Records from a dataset
- - -

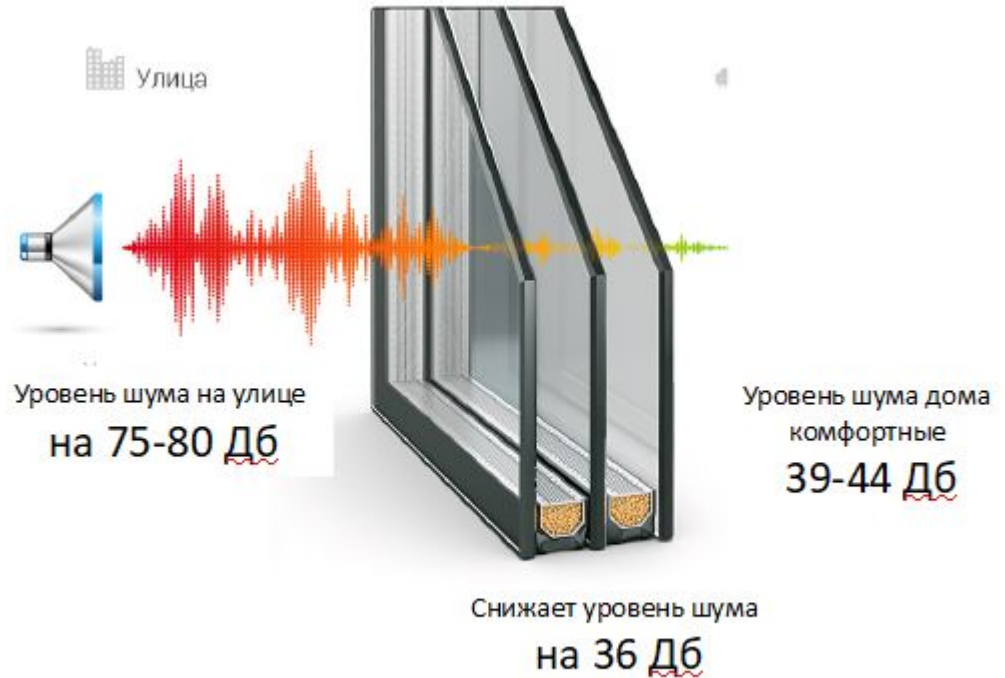

Новинка! Silence 36

Формула стеклопакета СПД
5-15-4
Сопротивление теплопередаче
- ????
Звукоизоляция — 36дБ
Пропускание света -

ШУМО-
ЗАЩИТА
стекло

Ф
ФАБРИКАНТЪ
ОКОННЫЕ СИСТЕМЫ
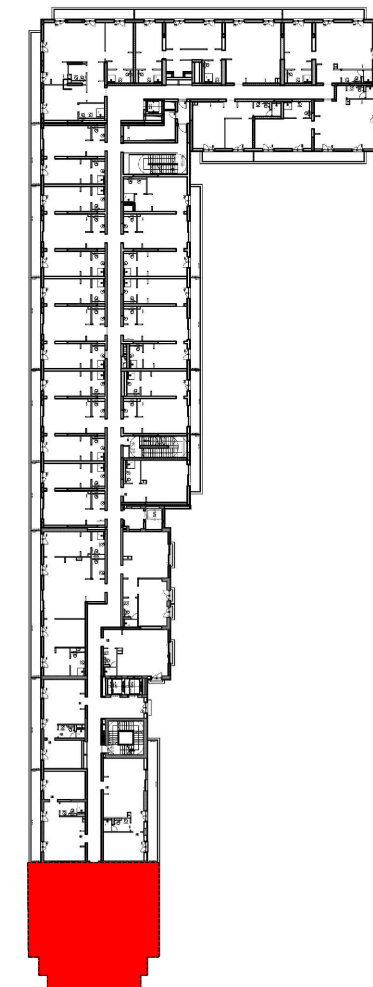

AP.
B.24

APARTAMENT B.24 - TRONSON B, ETAJ 2

B 24

3 camere

COD 3B-T4

Sc. apart.=190.7

Su apart.= 161.1

Sc terase=52.2

Su terase=42.2

BULEVARDUL MAMAIA

FATADA PRINCIPALA

HOTEL IAKI

PLAJA
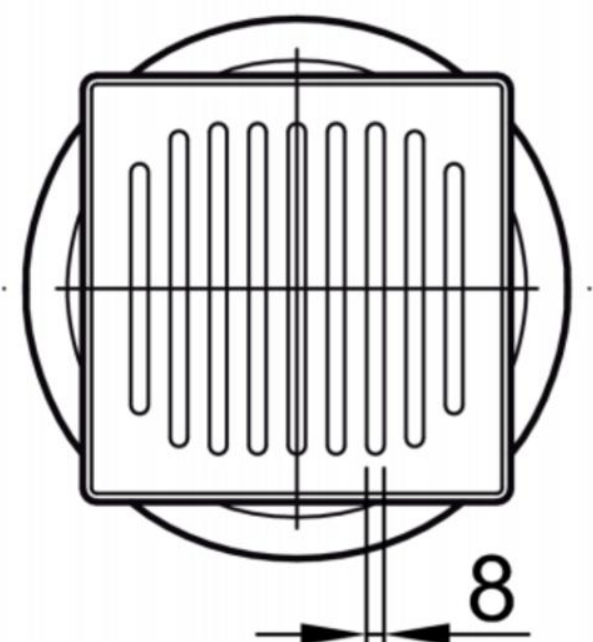

GRELHA

GRELHA - AISI304

SECÇÃO SUPERIOR ABS C/GR SLOT AISI304 K3 198X198MM C/M ABS P/SUM NEW SELECTA

Artico: 50848700

Secção superior para sumidouros tipo ACO NEW SELECTA de 198x198mm, para pavimento cerâmico e ligação ao fundo do sumidouro Ø198, fabricado em Plástico ABS, com aro perimetral em Plástico ABS. Inclui grelha slot em aço inoxidável AISI 304 apta para classe de carga K3. Altura total exterior de 150 mm, ajustável entre 45-150m. Peso: 1,5 kg.

Características:

- ♦ Grande capacidade de absorção

Dimensões:

Material	AISI304
Material aro perimetral	ABS
Material realce	ABS
L (mm)	198
A (mm)	198
H (mm)	150
H ajustável (mm)	45-150
Tipo grelha	slot
Classe de carga	K3
Fixação	No
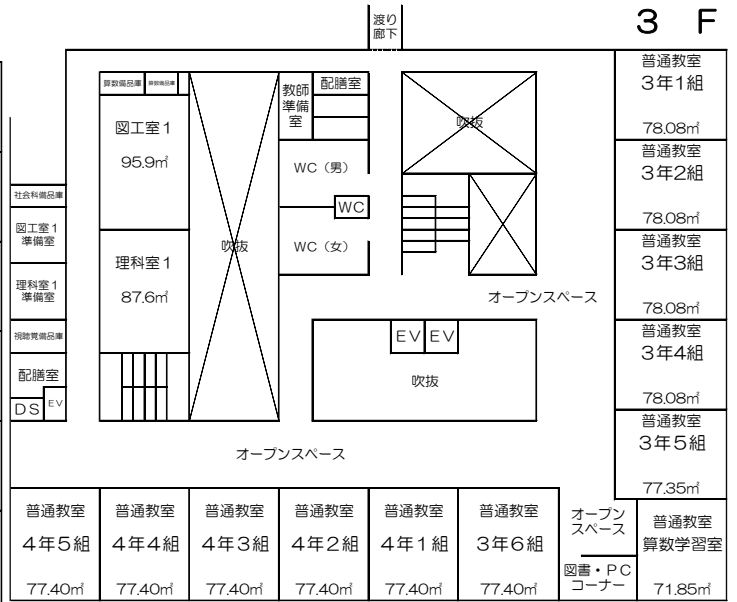

朝霞市立朝霞第五小学校 令和5年度校内図

1 F

2 F

3 F

4 F

5 F
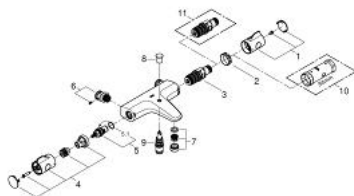

34 576 000 GROHTHERM 800 TERMOSTATSKA BATERIJA ZA KADU 1/2"

PRODUCT DESCRIPTION

- Colour: chrome
- zidna ugradnja
- GROHE LongLife premaz
- GROHE TurboStat kompaktni mešač sa voskiranim termoelementom
- GROHE SafeStop na 38°C
- GROHE SafeStop Plus optional temperature limiter at 43°C included
- integrisani zaustavni ventil za mešanu vodu
- automatski prebacivač: kada/tuš
- ručica za kontrolu količine protoka s GROHE EcoButton (ekonomično dugme s podesivim ekonomičnim zaustavljanjem)
- keramička glava 1/2", 180°
- izlaz za tuš 1/2", dole
- podesivi perlator
- ugrađeni nepovratni ventili
- filter za nečistoću
- zaštićeno protiv povrata vode
- S-spojevi
- metalna rozeta

34 576 000 GROHTHERM 800 TERMOSTATSKA BATERIJA ZA KADU 1/2"

SPARE PARTS, март 2014 – now

- 1: Ručica za kontrolu temperature (Spare part-nr. 47981000)
- 2: Prsten armature (Spare part-nr. 47743000)
- 3: Termostatski kompaktni mešač 1/2" (Spare part-nr. 47439000)
- 4: Ručica ventila (Spare part-nr. 47980000)
- 5: Keramička glava 1/2" (Spare part-nr. 45346000)
- 5.1: O-prsten Ø18,2 x Ø1,7 (Spare part-nr. 0392400M)
- 6: s-union (Spare part-nr. 47888000)
- 7: Regulator mlaza (Spare part-nr. 48256000)
- 8: Aktivaciono dugme prebacivača (Spare part-nr. 65648000)
- 9: Prebacivač (Spare part-nr. 65655000)
- 10: Gedor ključ (Spare part-nr. 19332000)*
- 11: Termostatski kompaktni mešač 1/2" (Spare part-nr. 47175000)*

- - -

*REQUIRED WORK*.
Look back at the data above, then output exactly the lines from the line holding "朝霞市立朝霞第五小学校 令和5年度校内図" up to and including the line holding "- 4: Ručica ventila (Spare part-nr. 47980000)". Leave out the pictures.

*PROBLEM SOLUTION*.
朝霞市立朝霞第五小学校 令和5年度校内図

1 F

2 F

3 F

4 F

5 F

34 576 000 GROHTHERM 800 TERMOSTATSKA BATERIJA ZA KADU 1/2"

PRODUCT DESCRIPTION

- Colour: chrome
- zidna ugradnja
- GROHE LongLife premaz
- GROHE TurboStat kompaktni mešač sa voskiranim termoelementom
- GROHE SafeStop na 38°C
- GROHE SafeStop Plus optional temperature limiter at 43°C included
- integrisani zaustavni ventil za mešanu vodu
- automatski prebacivač: kada/tuš
- ručica za kontrolu količine protoka s GROHE EcoButton (ekonomično dugme s podesivim ekonomičnim zaustavljanjem)
- keramička glava 1/2", 180°
- izlaz za tuš 1/2", dole
- podesivi perlator
- ugrađeni nepovratni ventili
- filter za nečistoću
- zaštićeno protiv povrata vode
- S-spojevi
- metalna rozeta

34 576 000 GROHTHERM 800 TERMOSTATSKA BATERIJA ZA KADU 1/2"

SPARE PARTS, март 2014 – now

- 1: Ručica za kontrolu temperature (Spare part-nr. 47981000)
- 2: Prsten armature (Spare part-nr. 47743000)
- 3: Termostatski kompaktni mešač 1/2" (Spare part-nr. 47439000)
- 4: Ručica ventila (Spare part-nr. 47980000)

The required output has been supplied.